Да, не самое всё-таки важное из всего важного делаю!..
Вот веду я дело; прилежно и честно. А рядом с этим одним делом – несколько приостановленных: нераскрытые, так сказать, деяния… Вот я конкретно привлекаю кого-то к ответственности; прилежно-то и честно; проще говоря – сажаю в тюрьму. Но усвоено же мною хрестоматийное: латентная преступность. То есть – не зарегистрированная даже. Она соотносится с моими десятками уголовных, законченных и незаконченных, по принципу айсберга: лишь малая часть преступлений видима – а миллионы на миллионы никому, кроме злодеев и их жертв, вообще никогда не были и не будут известны…

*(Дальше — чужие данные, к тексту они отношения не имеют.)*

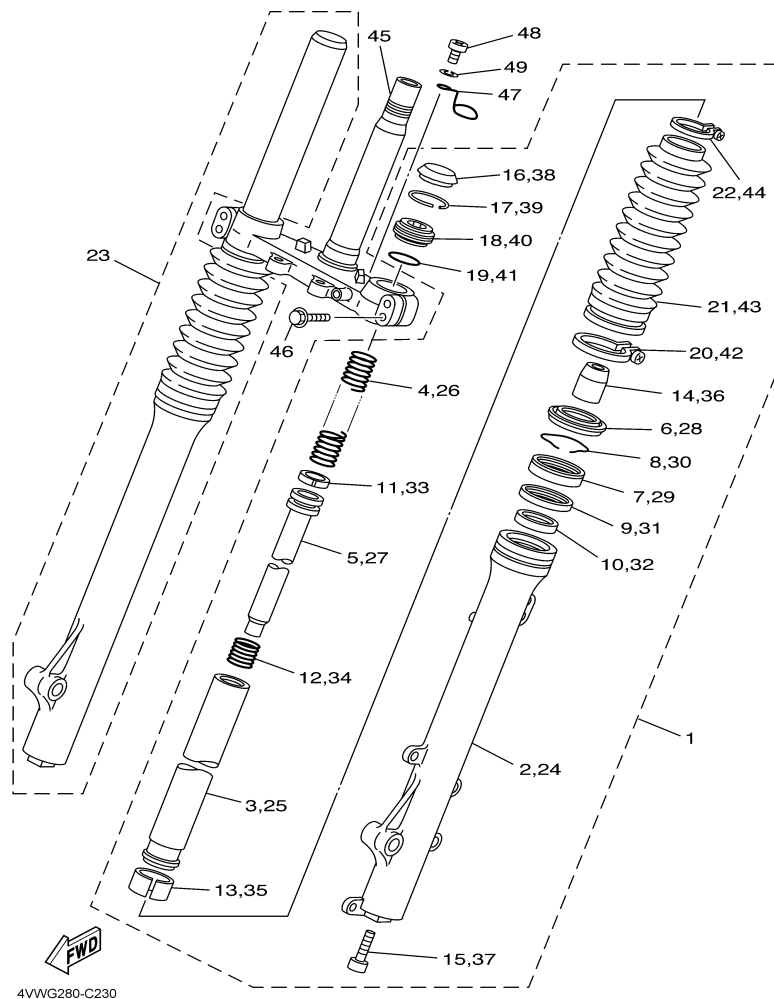

FIG. 22 MESA DO GUIDÃO

REF. NO.	CÓDIGO NO.	DESCRIÇÃO DA PEÇA	4VWG				OBSERVAÇÃO
1	93332-00008	ROLAMENTO	1				
2	22F-23411-01	PISTA DE ESFERAS 1	1				
3	22F-23412-01	PISTA DE ESFERAS 2	1				
4	4VW-F341E-00	JOGO DE ESFERAS	1				
5	4AN-F3416-00	CAPA DA PISTA DE ESFERA 2	1				
6	90179-25W23	PORCA	1				
7	4VW-F3435-00	MESA DO GUIDÃO COMPLETA	1				
8	90105-14329	PARAFUSO FLANGE	1				
9	9582M-08050	PARAFUSO FLANGE	4				
10	3V9-F3441-10-35	FIXADOR SUPERIOR DO GUIDÃO	2				SL
11	9582L-08035	PARAFUSO FLANGE	4				
12	4AN-F3317-01	FIXADOR DO CABO	1				
13	9851M-05020	PARAFUSO	1				
14	9290M-05200	ARRUELA	1				
15	9530M-05600	PORCA	1				
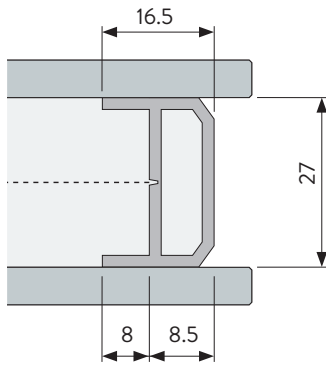

Section A-A

Section B-B

Section C-C

Section D-D

Power and command socket

טבלת גדלים

Height (cm)	Width (cm)															
	40	50	60	70	80	90	100	110	120	130	140	150	160	170	180	190
50																
60																
70																
80																
90																
100																
110																
120																
130																
140																
150																
160																
170																
180																
190																
200																
210																
220																
230																
240																
250																
260																
270																
280																
290																
300																
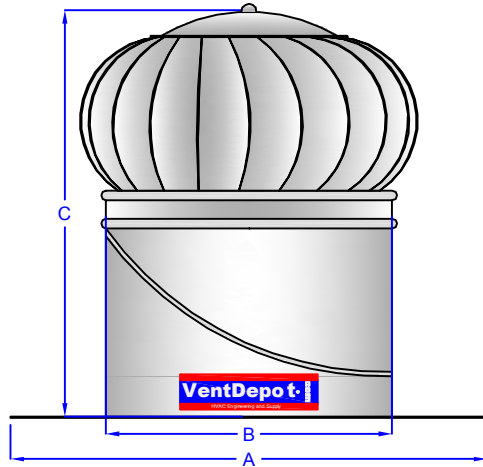

Category / Categoría

Atmosféricos

Name / Nombre

TurboExtractor

Item # / Clave

MXETE - (001)

Datasheet / Ficha Técnica

www.VentDepot.com

Call Center México:

(55) 5822.1516

01 800 999.1516 (México)

ventas@ventdepot.com

Internacional Español:

+52 (55) 5822.1516

ventas@ventdepot.com

International English:

+1 (626) 771.0048

1 (888) 514.1516 (USA)

sales@ventdepot.com

Следователю одно утешение: если он просто порядочный человек – честь и зарплата, если он особенно светлая или особенно тёмная личность – ещё и азарт и анализ.
–– Я никогда не делал выводов, я их ненароком находил.
Я расследую преступления – но их может расследовать так же или даже лучше и любой, с образованием и желанием, другой…
А вот расследовать… самого себя – мною меня! – кто на это?!..
Зато от этой крайней досады, тем более – никому не ведомой, я стал, будто зажатый в угол, бешено смекать…
И – писать!..
Точней бы сказать: опять же – читать, но уже… самого себя, меня.
Писал рассказы: всё – о душе, о душе и – по большому счёту.
–– Иного счёта я для себя и не признаю.
Кто бы в милиции знал, что иногда печатает моя – служебная! – машинка!
Писал поначалу – всё черкал, черкал… Словно бы… Словно бы сцарапывал краску на каком-то секретном штрихкоде… Одному мне должному быть известному.
Но всё выходило: пишу – о ком-то, кто как бы за какой-то стеной…
И один раз, в одну ночь, помню даже – в зимнюю, я стал писать так – так, что лицо моё горело!
От стыда.
За искренность.
В любви.
Я пылал от каждого записанного мною слова.
А прочтёт ли кто – и не думалось.
Само собой разумелось иное: знала о чувстве моём – вся Вселенная!
Даже будто и не замечал, что я теперь его, моё чувство, выражаю в словах.
Тем более, слова эти – словно бы кто мне диктовал.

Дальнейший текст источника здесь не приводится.